As far as letters from students went, it was the most moving one Joshua Wolfe had ever read. He had found it on his desk. He knew he had to do something with it.
The drama teacher from Dilbert Memorial High School stood before the five-member Rocky County School Board as they were reading the letter he had just distributed.
To Whom It May Concern,
I believe our School District needs to offer firearms classes.
If a 9mm handgun shoots its bullet at 1,350 feet per second, then any step I begin to take in my school has the potential to be finished in Heaven, if the shooter is a good shot.
Now, don’t get me wrong, starting a step here on a waxed school hallway, and finishing it on streets of gold would be cool, especially if I was on my way to Geometry. But, and this is my point, if the shooter wasn’t a good shot, I could just be wounded and never get to finish that step if the bullet paralyzed me. That would not be cool. You see, I fear never being able to finish that step.
So, if our school is not going to make it more difficult for my fellow students to carry guns, then I’m in favor of offering a firing range class, so potential ‘wackos’, who might want to shoot me, would have the chance to do so more accurately. This would allow us students to at least be able to finish our last steps.
Now, if you are thinking this writer is weird, you’d better stop and think again, because maybe, just maybe, this letter is a creative way to say, “There are guns in our school. Get them out!”
A Ninth Grader who would like to finish his steps.
One-by-one the school board members finished reading. They exchanged quick glances, rolled their eyes and drummed their fingers.
The school board chairman, Mr. Marlin, was the first to respond.
“Okay, Mr. Wolfe, you got us to read a letter by an anonymous student, making unsubstantiated claims about something that has never happened here. Also, this writer did manage to get religion mentioned in a place where it shouldn’t. So, what is your point?”
The teacher stood speechless and dumbfounded. He tried to say two or three things, but nothing would come out of his mouth.
Another school board member decided to speak.
“Mr. Wolfe, aren’t you also the teacher-advisor for the Prayer Breakfast Club at the High School?”
The teacher nodded yes.
“Doesn’t this request fly in the face of your religious political stance? Aren’t you right-wingers supposed to be fighting for gun rights?”
The teacher took a big breath, but couldn‘t utter a word. He just slowly exhaled.
Yet another school board member added her two cents.
“And, I don’t get this part about how getting killed is better than being paralyzed. Alive is alive in my book.”
Finally the teacher could speak.
“So, I guess the firing range is out of the question then?”
“Without a doubt,” the chairman responded.
“That about does it then,” the teacher managed to say. “I would like to point out our high school sits on about a quarter mile of property along Main Street.”
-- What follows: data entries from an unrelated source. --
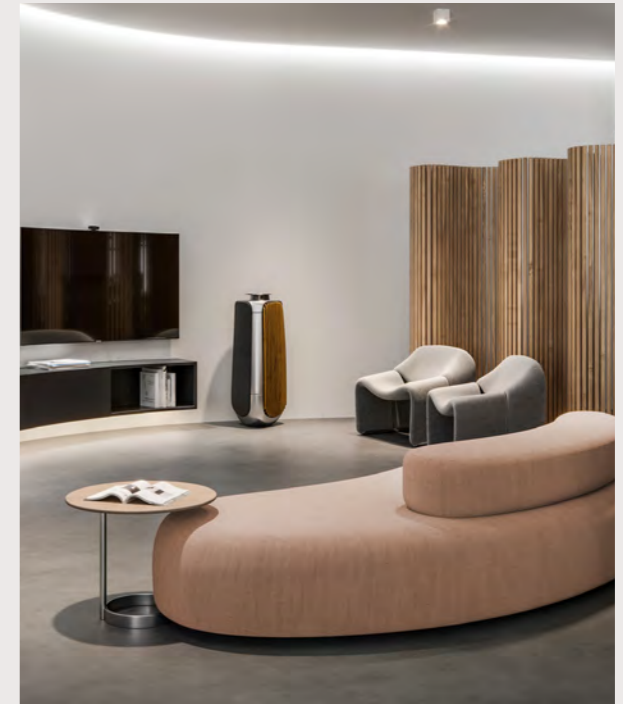

GRAIN

Inspired by the irregular textures of nature

Grain 62016

Grain 61251

Grain is a celebration of the perfectly imperfect

It embraces a flawed beauty and aesthetic inspired by the imperfect textures of nature and the grained surfaces in architecture.

The colour scale overflows with warm, earthy and muted tones that underline the fabric's authentic, natural look.

Grain 61256

Adding depth and natural dimension

The tactility of Grain adds texture, dimension, and visual softness to interior styling, and bring a sense of comfort, warmth, and premium style to all types of activity-based spaces – and to soft seating and contract furniture alike.

“Meaning,” the chairman added with a sigh?
“Meaning, a quarter mile is about 440 yards, which is pretty close to 1,350 feet. This just so happens to be how far a 9mm bullet will travel in one second. Meaning, one bullet can travel from one boarder of our school complex to the other in the time in takes to make half-a-step.”
The teacher started to smile as an idea came to him.
“I just want to say, I am going to start writing a play called, “Finishing our Steps”. It’s going to be about students fighting to make their schools safer. I just don’t know if I will be able to find any drama students who would want to play the parts of the school board members. And, oh yes, our little Breakfast Prayer Club has 150 students. And by the time the news media behind me finishes writing and airing their stories on tonight’s meeting, I bet we double in size. That’ll be good news, because we’ll have more students praying for you, or the school board members who replace you. Good night and God bless. I have to go now; Channel 7 wants to interview me outside.”